Tseax Cone and its eruptive products are basanitic, trachybasaltic or alkali basaltic in composition. They are rich in iron-titanium oxides and were produced by a low degree of partial melting 55–62 km below the surface in the upper crust. Olivine, plagioclase and the iron-titanium oxides are in the form of phenocrysts (Note: Phenocrysts are large, conspicuous crystals in magmatic rocks with porphyritic texture.) whereas clinopyroxene occurs as a matrix mineral. The lack of clinopyroxene phenocrysts in Tseax Cone lavas is a phenomenon commonly observed in other mafic (Note: Mafic pertains to magmatic rocks that are relatively rich in iron and magnesium, relative to silicium.) lavas throughout the Northern Cordilleran Volcanic Province. Tseax Cone and its eruptive products rest unconformably on sedimentary rocks of the Bowser Lake Group, a geological group of Jurassic and Cretaceous age consisting of grey sandstones and dark grey and black conglomerates, siltstones and mudstones.

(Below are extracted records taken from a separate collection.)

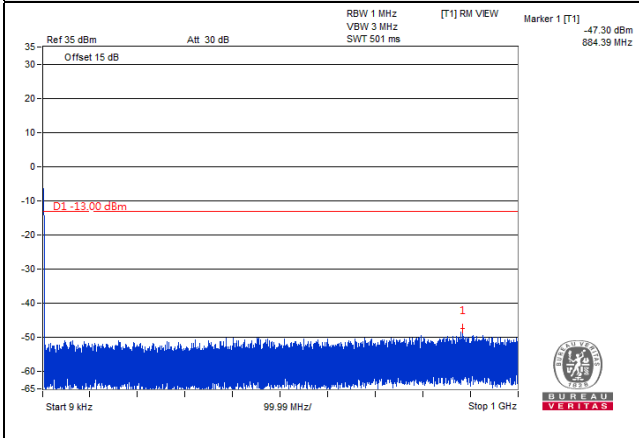

Frequency Range : 1GHz~20GHz

Channel 18900 (1880.00MHz)

Frequency Range : 9kHz~1GHz

Frequency Range : 1GHz~20GHz

Channel 19175 (1907.50MHz)

Frequency Range : 9kHz~1GHz

Frequency Range : 1GHz~20GHz

LTE Band 2, Channel Bandwidth 10MHz

Channel 18650 (1855.00MHz)

Frequency Range : 9kHz~1GHz

Frequency Range : 1GHz~20GHz

Channel 18900 (1880.00MHz)

Frequency Range : 9kHz~1GHz

Frequency Range : 1GHz~20GHz

Channel 19150 (1905.00MHz)

Frequency Range : 9kHz~1GHz

Frequency Range : 1GHz~20GHz

LTE Band 2, Channel Bandwidth 15MHz

Channel 18675 (1857.50MHz)

Frequency Range : 9kHz~1GHz

Frequency Range : 1GHz~20GHz

Channel 18900 (1880.00MHz)

Frequency Range : 9kHz~1GHz

Frequency Range : 1GHz~20GHz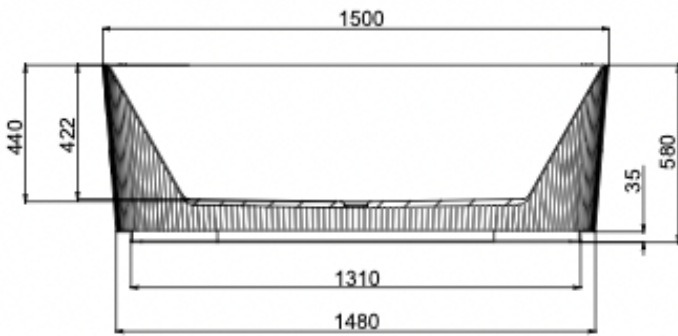

Cleo 1500mm Freestanding Bath

Outback Orange

Product Specifications

Code	CLE-FS-150-OO
Barcode	9339897021111
Material	Sanitary Grade Acrylic

Finish	Outback Orange
Size	1500(W) x 750(D) x 580(H)
No Overflow	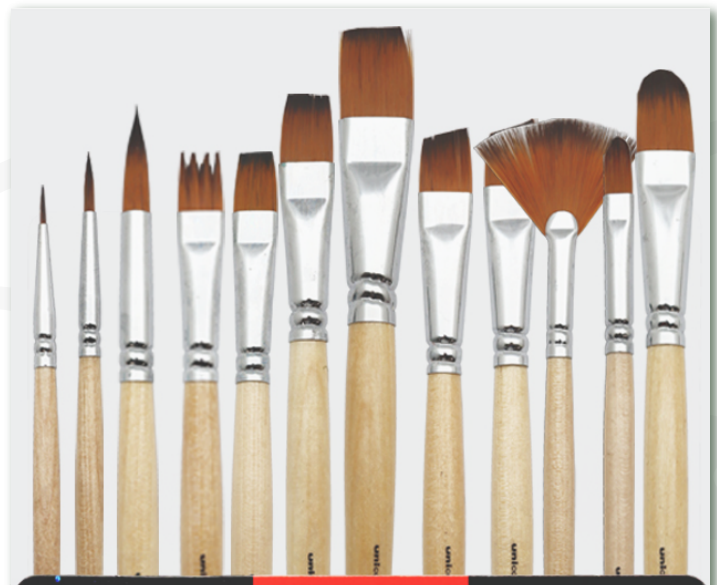

Soft Nylon Bristles

Brushes retain their shape through painting and cleaning. Double-criped feules strengthen brushes and prevent bristle spread and loss.

Barcode	Item No.	Packaging Size	Pcs/Ctn	Cbm/ctn
9557368156678	UAB-888-12'S UNICORN PAINT BRUSH SET	L/H/W : 15.2cm / 25.7cm / 1.3cm (0.130kg)	20 / 2 / 40	0.034

ideal choice for stationery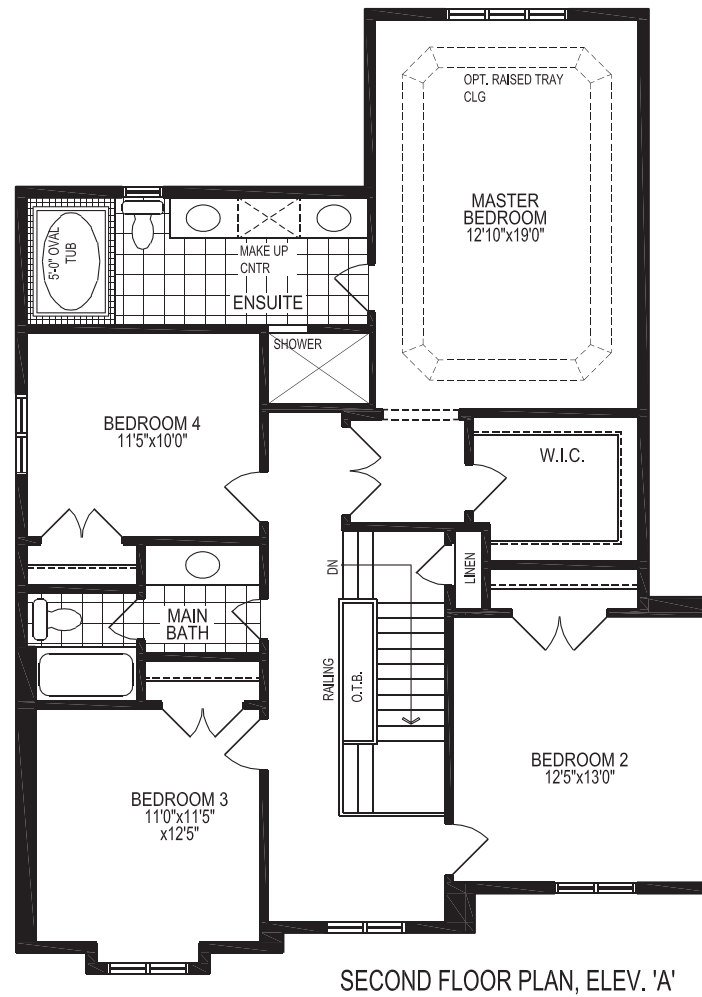

Where every day is a getaway...

Royalton

Elevation A 2402 SF
Elevation B 2436 SF

Lava and tephra from Tseax Cone cover about 36 km2 and have a total volume of around 0.5 km3; the volume of this volcanic material is similar to that produced during Mauna Loa's 1984 eruption and Kīlauea's fissure 8 eruption in 2018. The Tseax Cone lavas are thought to have been emplaced at high speed during a short period of time, which may have been partially due to eruption rate and topography. Their liquidus viscosities are comparable to basalts of Mount Etna and the Hawaiian Islands, as well as the foidite lavas of Mount Nyiragongo and the tephrite lavas of Nyamuragira. It is possible that the lava erupted from Tseax Cone rose along the same faults as those at the Lakelse Hot Springs south of Terrace, which are the hottest geothermal springs in Canada.

===Structure===
Tseax Cone has an elevation of 609 m and consists of two nested structures: a smaller inner cone and a larger external spatter rampart. The younger inner cone is 65–75 m high and 290 m in diameter, consisting mainly of black ejecta such as scoria, ballistics and lapilli. It contains an approximately 33 m deep volcanic crater with a diameter of 80 m. The older external spatter rampart, which has also been described as a cone, is about 15–25 m high and 460 m in diameter. It consists of spatter and scoria that ranges in colour from reddish to brownish and black to grey. Each structure was formed by a different style of volcanic activity; the spatter rampart was created by Hawaiian-style lava fountaining whereas the inner cone was created by low-intensity Strombolian explosions. The entire structure of Tseax Cone has been variously described as a cinder cone, a pyroclastic cone or a tephra cone.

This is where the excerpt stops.